Обеспеченные, самодостаточные. Образованные. Элегантные, утонченные, высокомерные. Никто не упрекнул бы их в бездействии. За чем они устремились и за кем? Неужели благородство чувств и поступков обратно пропорционально развитию общества? Техническому прогрессу? Может, их души спустятся и, осмотревшись, заставят своих прагматичных потомков смутиться. Что ж, вы, братцы, – заметят укоризненно, – что ж вы так обмельчали? Что за конструкцию строите? На кой черт технологии, если смысл доброты, сострадания становится вторичным?

И потому, друзья, вперед, точнее, назад, к ним, к тем, кто смотрит на нас с черно-белых фотографий. Выправка, холеные руки, сложенные на коленях, точеные лица, глаза с прищуром. Кажется, сейчас оживут: встанут, потрут ладони и насмешливо спросят своих потомков: «Ну-с, братцы, рассказывайте. Что вы тут натворили?»

* * *

Итак, начинаем. За два года до октябрьского переворота отношения между Францией и Россией были на пике дружбы. Подтверждением станет созданная непосредственно на линии Западного фронта служба санитарной помощи России: Les Ambulances russes aux Armées Françaises. Санитарные отряды России во французской армии – абсолютно неизвестная страница истории Первой мировой войны.

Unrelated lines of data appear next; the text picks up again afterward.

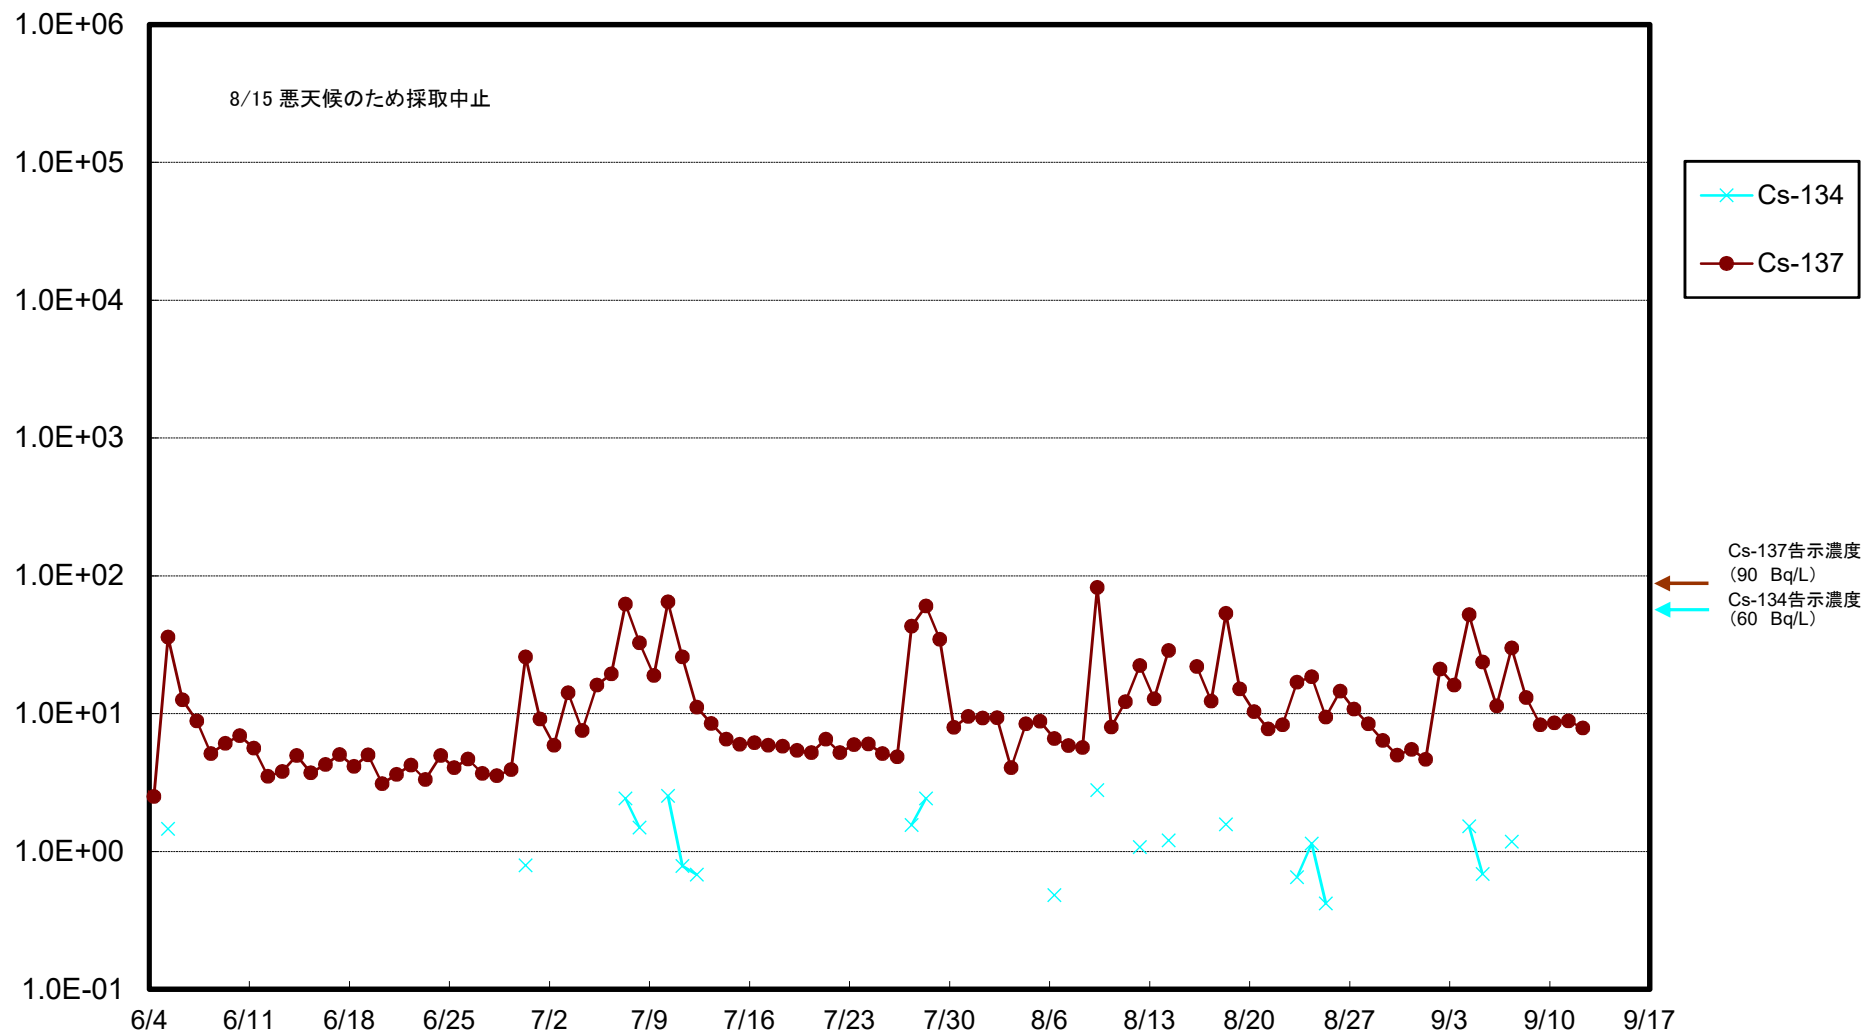

福島第一 5,6号機放水口北側(T-1) 海水放射能濃度(Bq/L)

福島第一 南放水口付近(T-2) 海水放射能濃度(Bq/L)

福島第一 物揚場前海水放射能濃度(Bq/L)

福島第一 1~4号機取水口内北側(東波除堤北側)海水放射能濃度(Bq/L)

福島第一 1~4号機取水口内南側(遮水壁前)海水放射能濃度(Bq/L)

福島第一 6号機取水口前海水放射能濃度(Bq/L)

福島第一 港湾口海水放射能濃度(Bq/L)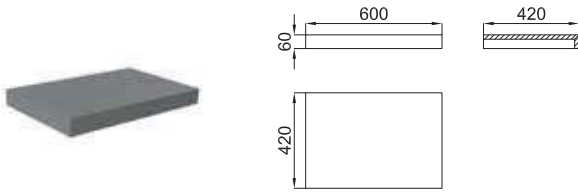

PROJECT TECH

1

В марте 1915 года колонна из двадцати санитарных автомобилей торжественно, под гимн России, выстроилась на площади Инвалидов в Париже. На каждом автомобиле надпись: «Ambulance Russe de S. M. Imperatrice Alexandra Feodorovna de Russie», в переводе – «Русский санитарный отряд ее величества Александры Федоровны, императрицы России». Начало положено: Россия отправила Франции первую помощь. Это вам не дипломатические папирусы, увенчанные вензелями! Щедрый вклад был сделан августейшей императрицей, той самой Аликс, которой здорово достанется через два года от революционеров всех мастей.

Санитарные автомобили поступают в распоряжение армии под командованием французского генерала Langle de Cary[10]. Колонна автомобилей скорой помощи проследует в сторону русской церкви на улице Дарю, где пройдет торжественный обряд освящения. Пресса опубликует репортажи и фото знаменательного события.

Медицинский персонал полевых госпиталей, операционных блоков состоял большей частью из французских врачей. Но возглавил санитарные отряды Les Ambulances russes полковник Дмитрий Ознобишин[11] – блестящий русский офицер и известный художник, ставший еще до войны центром парижской творческой элиты.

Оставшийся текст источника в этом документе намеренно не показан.